Phosphorylation Enables Nano‐Graphene for Tunable Artificial Synapses

Abstract Flexible and robust memristors with controllable resistance‐switching characteristics are important to neuromorphic computing. However, the nanomaterials‐based, solution‐processed resistance switching layer usually has poor reliability and tunability due to uneven morphology and invariable surface properties. Herein, phosphorylated graphene nanoflakes (phos‐GPs) are synthesized for high‐performance solution‐processed flexible memristors. In situ conductive atomic force microscopy reveals that the tightly stacked uniform nanoflakes and modified phosphorate groups jointly reduce the formation barrier of the conductive filaments.

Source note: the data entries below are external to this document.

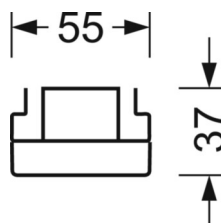

прибородержатель переменный IP 64 - Individual.Lens.Optic с матированием - прямой и отраженный рассеянный свет - без видимых стыков

Ламподержатель из оцинкованного стального профиля; слой цинка в сочетании с лаком на полиэфирной смоле хорошо защищает от коррозии; крепление без инструментов, с помощью встроенных нажимных затворов, защита от кражи. Встроенные пластиковые торцы с уплотнительными краями и одно замкнутое уплотнение вокруг, для несущей трековой шины защиты до IP64. В несущей трековой шине позиционируется по-разному. Цвет корпуса белый стандартный для электротехники RAL 9016; Прямое/отраженное освещение, рассеянный свет, распределение света посредством линзы «Individual.Lens.Optic» из матированного пластика ПММА. Оптика отдельных линз с прозрачным уплотнением делает сборку и установку предельно удобными, а плоскость легко чистится. Тройные ряды из отдельных линз и лампы-/прибородержатели, идеально согласованные между собой, обеспечивают цельный вид без стыков и неравномерностей. Подключение к электросети через присоединительный провод длиной 1 м для свободного позиционирования ламподержателя в световой полосе и 5-полюсную втычную деталь для быстрой сборки со свободным выбором фаз. Сменные блоки, позволяющие легко модернизировать освещение, существенно продлевают срок службы всей осветительной установки.

параметры
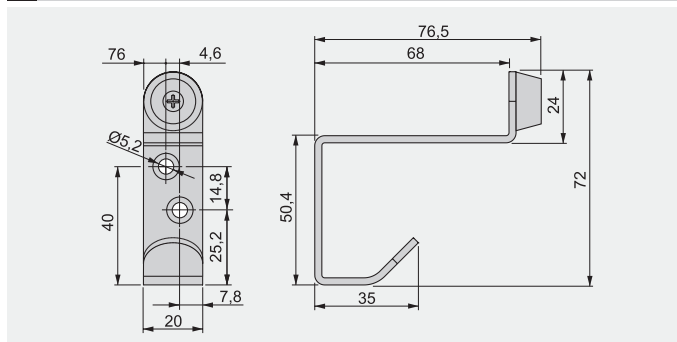

KUKA SA STOPEROM

KUKA ZA GARDEROBU / STOPER INOX

Planiranje

Naziv artikla

KUKA ZA GARDEROBU / STOPER INOX

Šifra

8500965
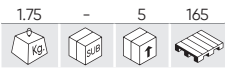

53282

48,00€
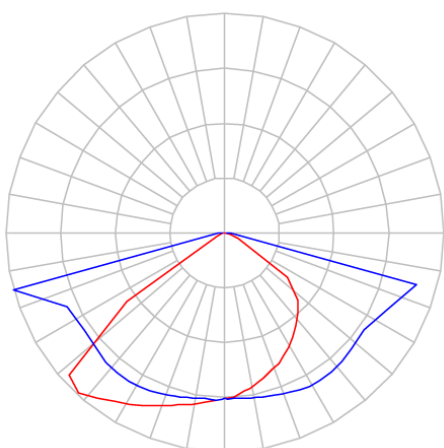

REF.: PUBLIC-X-ARD-EX-FF1ST-70-5050-40-P-P

**A = 90mm | B = 270mm | C = 380mm**

**IMPORTANTE: ENSAIOS REALIZADOS A 25°C**

Aplicação	Ambiente externo
Instalação	Arandela Direta Externo
Altura	90
Largura	270
Comprimento	380
IP	65
Corpo	Alumínio
Cor	Preta
Ótica principal	Lente
Potência	70W
Fluxo Luminária	9109lm
Intensidade	2269cd
Eficácia	130lm/W
Facho	Street
CCT	4000K
IRC	70
Tensão	220V
Dimerização	Liga/Desliga, Dali, 0-10 ou Triac
Garantia	5 anos
UGR	Espaçamento 1m (4H/8H) - <41/<30
Tipo de LED	Standard
Eficácia do LED	169lm/W
Fluxo Luminoso do LED	10658lm
Potência do LED	63W
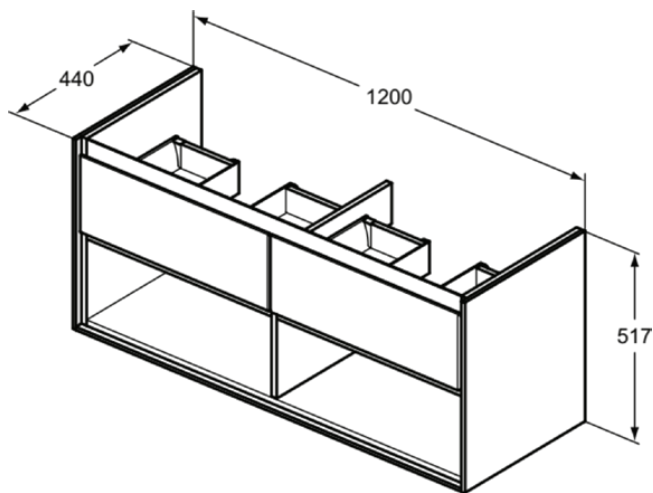

C.AIR

E0829UK

C.AIR | Waschtisch-Unterschrank 1200x440x517 mm in pinie hell dekor, 2 Schubladen | SoftClosing, Vormontiert

Bild & Zeichnung

Allgemeine Informationen

| | |
|------------------------|-------------------------|
| Produktkategorie: | Möbel |
| Produktart: | Waschtisch-Unterschrank |
| Marke: | Ideal Standard |
| Kollektion: | C.AIR |
| Designer: | Ideal Standard |
| Farbe: | UK - Pinie Hell Dekor |
| Oberflächenveredelung: | Matt |
| Höhe (mm): | 517 |
| Breite (mm): | 1200 |
| Ausladung (mm): | 440 |
| Befestigungsart: | Befestigungsset |
| Nettogewicht (kg): | 43.50 |
| EAN Code: | 5017830519607 |

C.AIR

E0829UK

C.AIR | Waschtisch-Unterschrank 1200x440x517 mm in pinie hell dekor, 2 Schubladen | SoftClosing, Vormontiert

Produktspezifikationen

| | |
|---|-----------------|
| Pladsbesparende model: | Nein |
| Oberflächenveredelung: | Matt |
| Mit Ausschnitt: | Nein |
| Mit Innenbeleuchtung: | Nein |
| Mit Montagefüße: | Nein |
| Mit Steckdose: | Nein |
| Mit Waschtischplatte: | Nein |
| Befestigungsmaterial im Lieferumfang enthalten: | Ja |
| Befestigungsart: | Befestigungsset |
| Montageart: | wandhängend |
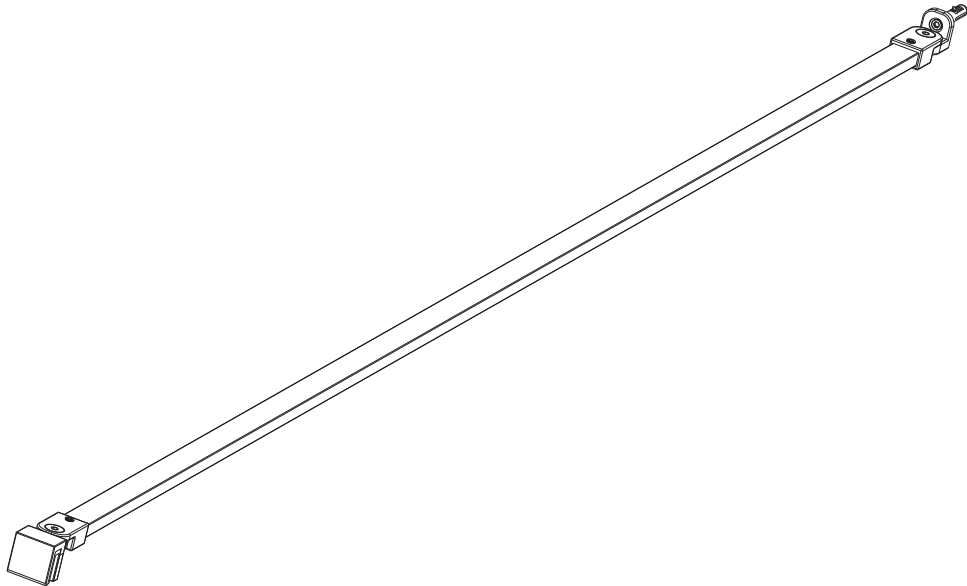

# BARRE DE FIXATION HORIZONTALE

## REF : 1142430A-FB

*Schémas non contractuels*

Réservé à un usage domestique

2 personnes sont nécessaires pour l'assemblage

ATTENTION VEUILLEZ CONSERVER CE NUMERO DE LOT, IL EST OBLIGATOIRE POUR TOUTES DEMANDES DE PIECES DETACHEES SOUS GARANTIE OU RECLAMATION.

4

4mm  
x1

 S=S1

15
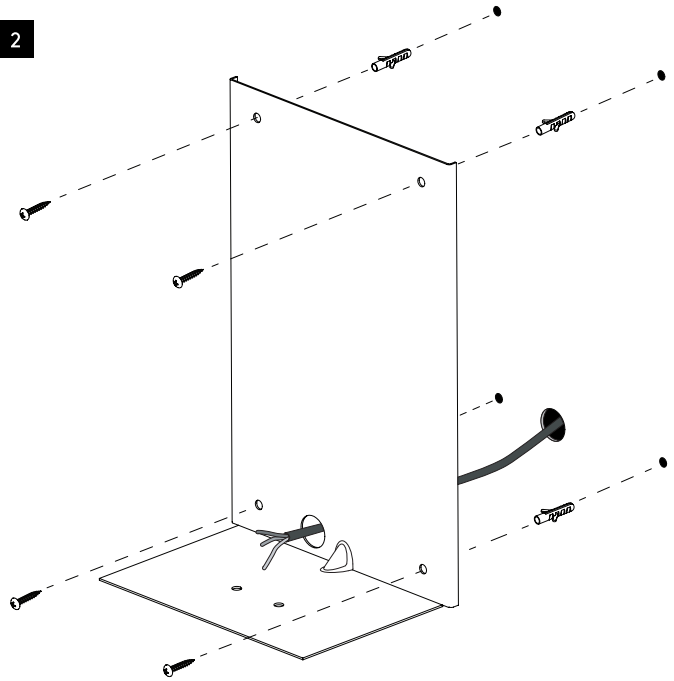

TURN OFF POWER

Couper Le Courant! / Spegner La Corrente! /
Strom Abshaken!

2
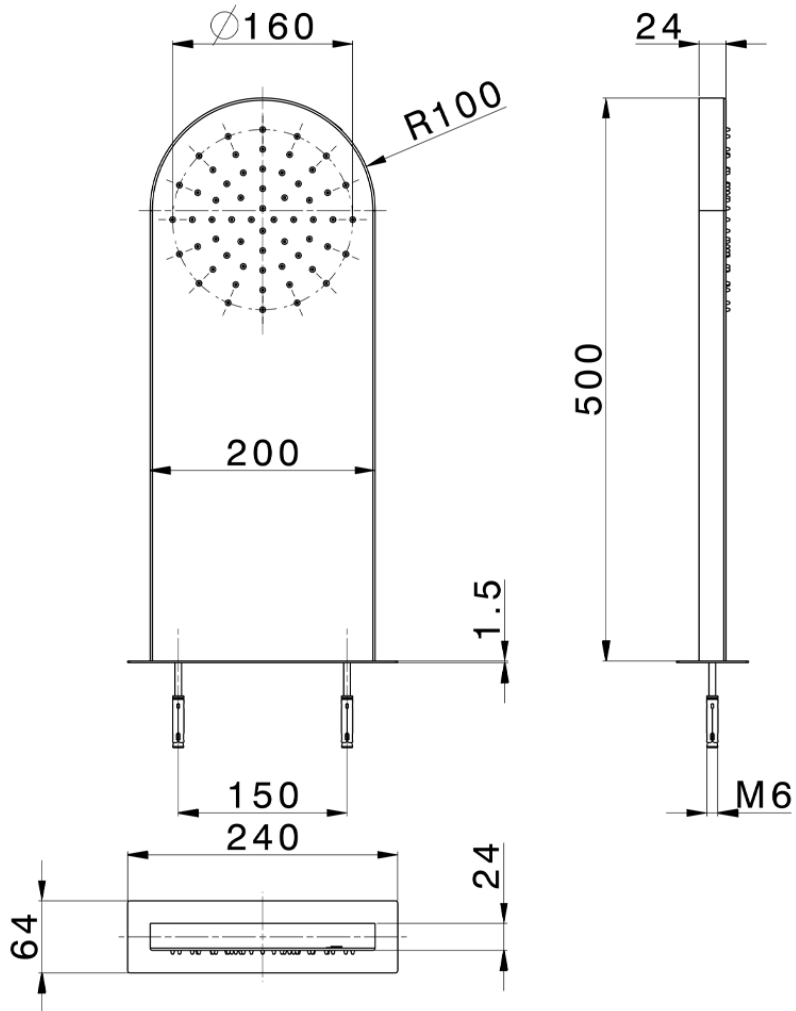

Soffione a parete rettangolare stondato ZEN_ZS122020

ZS122020

<https://www.huberitalia.com/soffione-a-parete-rettangolare-stondato-zen-zs122020>

2025-02-05
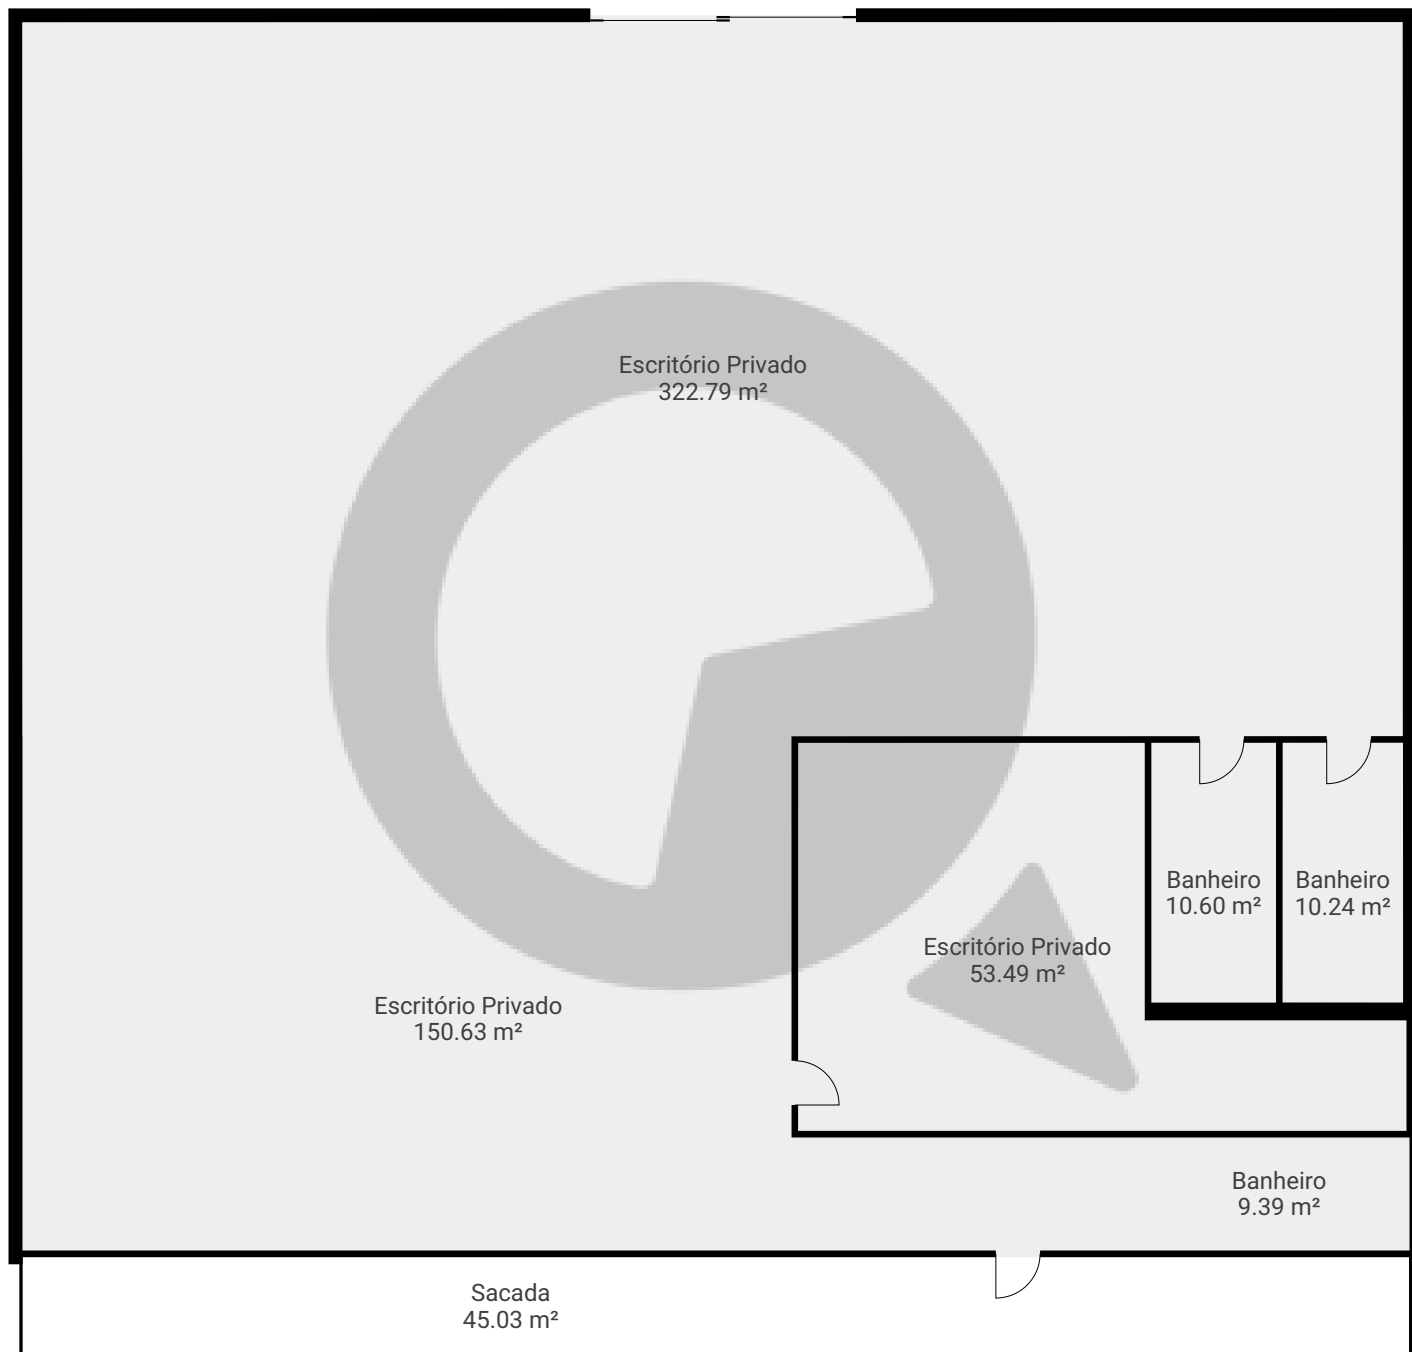

# Meu novo projeto

Estrada de Itapecerica 1700, 05849-440, São Paulo, BR  
PISOS: 2 • CÔMODOS: 9

## ▼ Andar Térreo

CÔMODOS: 6

ESTA PLANTA É FORNECIDA SEM QUALQUER TIPO DE GARANTIA E PRECISÃO DE MEDIDAS.

0 2 4 6m  
1:137  
Page 1/2

Furthermore, phosphorylation gives rise to surface silver ion coordination leading to enhanced radial growth of the conductive filaments. The memristor shows volatile characteristics in the Ag/phos‐GPs/ITO architecture and exhibits non‐volatile properties in the Ag/Ag + ‐(phos‐GPs)/ITO structure. Both types of memristors display consistent I‐ ‐ V curves during long‐term cycling and under repetitive mechanical bending, in addition to excellent synaptic plasticity. Moreover, ultrasmall nonlinearity is observed from non‐volatile long‐term synaptic potentiation and depression. By utilizing the tunable artificial synapses, the processes of memory‐forgetting and re‐recognition are simulated, and the image recognition tasks are accomplished by the artificial neural networks.